5 Best Ways to Check if a CSV File is Empty in Python

5/5 - (1 vote)

πŸ’‘ Problem Formulation: In numerous data processing tasks, it is crucial to determine whether a CSV (Comma Separated Values) file is empty before performing further operations. An empty CSV file, one devoid of content or data rows, can lead to exceptions or errors if not handled properly. The input is a CSV file, and the desired output is a boolean indication of whether the file is empty or not.

Method 1: Using os.stat()

The os.stat() function in Python provides an interface to retrieve the file system status for a given path. Specifically, it can be used to check the size of a file. An empty file has a size of 0 bytes, which can directly indicate if the file contains any data. This method is effective for quickly determining file emptiness without opening the file.

Here’s an example:

import os

def is_csv_empty(file_path):
    return os.stat(file_path).st_size == 0

empty = is_csv_empty('empty_file.csv')
print(empty)

Output:

True

This code defines a function is_csv_empty() that takes a file path as an argument and returns True if the file is empty, or False otherwise. It uses the os.stat() method to check the file size.

Method 2: Checking with open() and read()

By opening a file and attempting to read content from it, one can easily establish if the file is empty. In Python, the built-in open() function can be used to open a file, and the read() method reads the content. An empty file will return an empty string upon reading.

Here’s an example:

def is_csv_empty(file_path):
    with open(file_path, 'r', encoding='utf-8') as file:
        return file.read() == ''

empty = is_csv_empty('empty_file.csv')
print(empty)

Output:

True

This function opens the file in read-mode and checks if the content read from the file is an empty string, indicating that the file is empty.
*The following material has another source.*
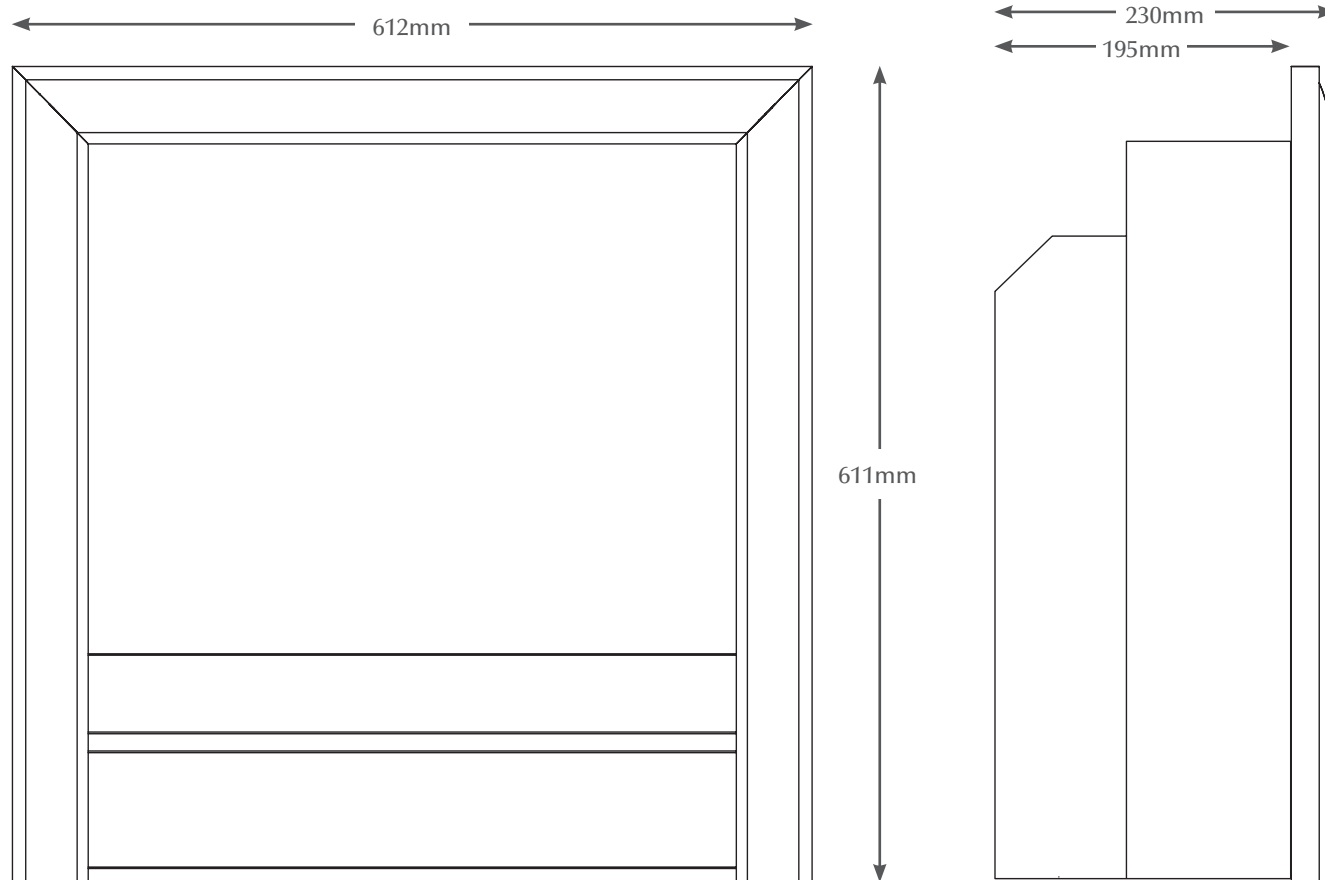

22" CALLEOS GAS

TECHNICAL - LINE DRAWING

ELGIN & HALL[®]
BRITISH MADE

WWW.BEMODERN.COM/ELGIN-AND-HALL

Method 3: Using CSV Reader

Python’s csv module provides a way to read and write CSV files. The csv.reader() object reads rows from the CSV file. If there are no rows to read except for possibly a header, the file is empty. This method is particularly useful for CSV files that have a header row.

Here’s an example:

import csv

def is_csv_empty(file_path):
    with open(file_path, 'r', encoding='utf-8') as csvfile:
        reader = csv.reader(csvfile)
        next(reader, None)  # Skip header
        return not any(row for row in reader)

empty = is_csv_empty('empty_with_header.csv')
print(empty)

Output:

True

This code skips the header using next() and checks if there are any remaining rows. The expression not any(row for row in reader) returns True when no data rows are present.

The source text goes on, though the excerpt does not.